WHAT YOU WILL DO ▸ Whenever a line contains the string "塩ビ成型品", copy it out of the entries.

-.-.-

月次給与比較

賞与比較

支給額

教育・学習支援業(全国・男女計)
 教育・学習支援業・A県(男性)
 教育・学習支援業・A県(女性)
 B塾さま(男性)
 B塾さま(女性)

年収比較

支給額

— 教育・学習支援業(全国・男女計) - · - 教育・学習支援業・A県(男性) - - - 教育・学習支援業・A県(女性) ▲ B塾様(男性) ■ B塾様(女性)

-.-.-

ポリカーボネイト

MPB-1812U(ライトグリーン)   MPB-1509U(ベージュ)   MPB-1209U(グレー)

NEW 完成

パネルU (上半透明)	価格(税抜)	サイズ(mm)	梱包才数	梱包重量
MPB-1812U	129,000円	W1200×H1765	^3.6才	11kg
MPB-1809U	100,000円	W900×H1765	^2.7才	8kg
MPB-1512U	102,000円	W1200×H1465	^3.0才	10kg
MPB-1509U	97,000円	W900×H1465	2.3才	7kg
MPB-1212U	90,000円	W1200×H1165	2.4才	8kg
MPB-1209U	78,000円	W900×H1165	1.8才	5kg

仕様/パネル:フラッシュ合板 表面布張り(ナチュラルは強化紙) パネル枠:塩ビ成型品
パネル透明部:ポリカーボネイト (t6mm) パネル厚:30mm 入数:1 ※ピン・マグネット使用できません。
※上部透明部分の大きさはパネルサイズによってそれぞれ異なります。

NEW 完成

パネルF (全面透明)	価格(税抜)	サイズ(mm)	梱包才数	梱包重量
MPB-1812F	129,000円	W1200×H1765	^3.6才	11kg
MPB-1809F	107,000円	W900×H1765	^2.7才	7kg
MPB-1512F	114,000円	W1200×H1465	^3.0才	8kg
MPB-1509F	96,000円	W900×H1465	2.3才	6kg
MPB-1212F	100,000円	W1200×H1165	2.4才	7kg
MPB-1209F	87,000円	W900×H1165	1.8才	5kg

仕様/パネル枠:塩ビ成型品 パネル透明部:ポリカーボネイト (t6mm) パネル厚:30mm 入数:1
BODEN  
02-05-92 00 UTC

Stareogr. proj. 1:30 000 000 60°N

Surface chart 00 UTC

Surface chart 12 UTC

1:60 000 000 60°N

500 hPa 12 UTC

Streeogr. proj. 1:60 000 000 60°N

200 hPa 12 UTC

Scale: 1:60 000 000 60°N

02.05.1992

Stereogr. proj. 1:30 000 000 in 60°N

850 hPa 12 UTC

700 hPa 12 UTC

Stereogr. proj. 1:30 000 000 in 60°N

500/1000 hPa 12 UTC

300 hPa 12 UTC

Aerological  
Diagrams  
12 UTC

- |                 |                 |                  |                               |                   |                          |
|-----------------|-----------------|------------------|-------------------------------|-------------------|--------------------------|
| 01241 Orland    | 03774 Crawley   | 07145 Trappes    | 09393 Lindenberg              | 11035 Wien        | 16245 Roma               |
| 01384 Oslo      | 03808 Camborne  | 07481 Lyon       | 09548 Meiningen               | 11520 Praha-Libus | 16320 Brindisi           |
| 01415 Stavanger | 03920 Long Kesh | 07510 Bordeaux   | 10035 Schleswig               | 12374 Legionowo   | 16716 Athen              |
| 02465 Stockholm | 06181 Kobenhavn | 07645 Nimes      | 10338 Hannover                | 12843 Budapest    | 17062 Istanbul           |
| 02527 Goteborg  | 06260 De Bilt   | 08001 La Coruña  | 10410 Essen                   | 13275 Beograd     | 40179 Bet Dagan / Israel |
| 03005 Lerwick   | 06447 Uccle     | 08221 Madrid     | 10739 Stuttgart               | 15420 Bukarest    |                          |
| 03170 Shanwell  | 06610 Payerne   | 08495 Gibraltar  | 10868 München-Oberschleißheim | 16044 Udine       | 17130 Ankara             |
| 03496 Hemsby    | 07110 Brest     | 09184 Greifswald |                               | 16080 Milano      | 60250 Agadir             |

-.-.-

ANSWER AREA ▸
仕様/パネル:フラッシュ合板 表面布張り(ナチュラルは強化紙) パネル枠:塩ビ成型品
仕様/パネル枠:塩ビ成型品 パネル透明部:ポリカーボネイト (t6mm) パネル厚:30mm 入数:1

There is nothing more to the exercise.